Bottom line: Ireland’s right to disconnect Code (effective April 2021) is guidance, not law—employees get a clearer framework to assert boundaries, but enforcement still relies on working time claims. Employers who formalise policies now will face fewer headaches if EU rules eventually mandate stricter standards.

Related reading: Success Factors Login Guide · Mercer Super Login Guide

Additional sources

lexisnexis.co.uk, youtube.com

Employees facing violations of the right to disconnect often seek guidance from employment law solicitors in Dublin well-versed in Workplace Relations Commission procedures.

Frequently asked questions

What countries have right to disconnect?

France was an early mover with legislation in 2017. Spain, Italy, and Belgium have since introduced binding rules. Ireland’s 2021 Code is non-binding, relying on guidance rather than law. The European Commission launched a first-stage consultation in April 2024 that could lead to EU-wide legislation.

Is right to disconnect law or code in Ireland?

It is a Code of Practice, not legislation. The WRC published the Code under Section 20(2) of the Workplace Relations Act 2015. While not legally binding as a standalone instrument, failure to follow it can be considered in WRC adjudications on related claims like working time breaches.

What happens if employer contacts after hours?

Occasional contact is permissible under the Code, which recognizes that business needs may require out-of-hours working. For persistent contact, employees should first raise the issue informally or through grievance procedures. If unresolved, they can file a complaint with the WRC citing the Code alongside working time legislation.

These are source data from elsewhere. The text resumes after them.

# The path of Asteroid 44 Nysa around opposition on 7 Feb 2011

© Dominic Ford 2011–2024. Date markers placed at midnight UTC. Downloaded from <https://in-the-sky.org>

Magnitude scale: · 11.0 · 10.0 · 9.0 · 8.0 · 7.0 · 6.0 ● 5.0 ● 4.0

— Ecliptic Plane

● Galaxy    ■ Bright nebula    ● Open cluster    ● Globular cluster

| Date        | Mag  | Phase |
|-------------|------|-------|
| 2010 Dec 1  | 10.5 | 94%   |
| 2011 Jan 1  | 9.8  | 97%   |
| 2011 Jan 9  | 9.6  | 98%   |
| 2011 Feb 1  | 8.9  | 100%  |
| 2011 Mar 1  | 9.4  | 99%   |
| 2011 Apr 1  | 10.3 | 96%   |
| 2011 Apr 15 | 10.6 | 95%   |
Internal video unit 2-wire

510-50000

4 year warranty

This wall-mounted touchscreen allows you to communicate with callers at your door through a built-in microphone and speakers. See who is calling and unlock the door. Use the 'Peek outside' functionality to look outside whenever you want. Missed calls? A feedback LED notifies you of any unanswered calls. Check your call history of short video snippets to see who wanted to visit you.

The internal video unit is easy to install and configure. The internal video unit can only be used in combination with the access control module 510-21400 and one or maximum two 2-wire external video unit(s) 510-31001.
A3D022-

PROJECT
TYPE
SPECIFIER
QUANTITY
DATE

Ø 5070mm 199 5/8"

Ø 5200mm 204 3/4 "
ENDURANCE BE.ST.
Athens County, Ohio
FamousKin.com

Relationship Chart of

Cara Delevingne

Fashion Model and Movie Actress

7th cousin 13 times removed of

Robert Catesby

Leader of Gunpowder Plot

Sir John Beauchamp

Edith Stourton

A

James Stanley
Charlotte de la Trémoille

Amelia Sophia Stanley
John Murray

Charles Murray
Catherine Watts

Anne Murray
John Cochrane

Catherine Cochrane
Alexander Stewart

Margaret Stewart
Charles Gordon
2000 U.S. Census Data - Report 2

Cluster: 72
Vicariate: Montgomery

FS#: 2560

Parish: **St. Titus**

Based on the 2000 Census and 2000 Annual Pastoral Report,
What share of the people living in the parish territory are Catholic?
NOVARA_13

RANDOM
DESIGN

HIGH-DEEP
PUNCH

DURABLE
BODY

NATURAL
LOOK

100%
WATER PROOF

Does right to disconnect apply during probation?

Yes. The Code applies to all employees regardless of their employment stage, including during probation. However, employees in their first 3 months may feel less comfortable asserting these rights in practice, even though they are legally entitled to the same protections as permanent staff.

How does right to disconnect affect on-call workers?

On-call and standby arrangements are treated differently. If you are formally rostered for on-call duty, you are within your normal working hours and expected to be available. Outside those agreed on-call periods, the right to disconnect applies as normal. Employers should compensate on-call availability separately from standard salary.

What is quiet firing in relation to disconnection?

“Quiet firing” is an informal term for workplace practices that effectively push employees out without formal dismissal—excluding someone from meetings, withholding development opportunities, or deliberately overloading them with after-hours work despite the right to disconnect. The Code does not directly address quiet firing, but systematic out-of-hours contact contrary to the Code could form part of a broader constructive dismissal claim.

Can revenge resignation follow disconnection disputes?

“Revenge resignation” describes an employee quitting suddenly in response to workplace mistreatment, often without notice. While not a legal concept, employees who feel their right to disconnect has been systematically ignored may choose to resign and potentially claim constructive dismissal. This path requires evidence of a sustained pattern rather than isolated incidents.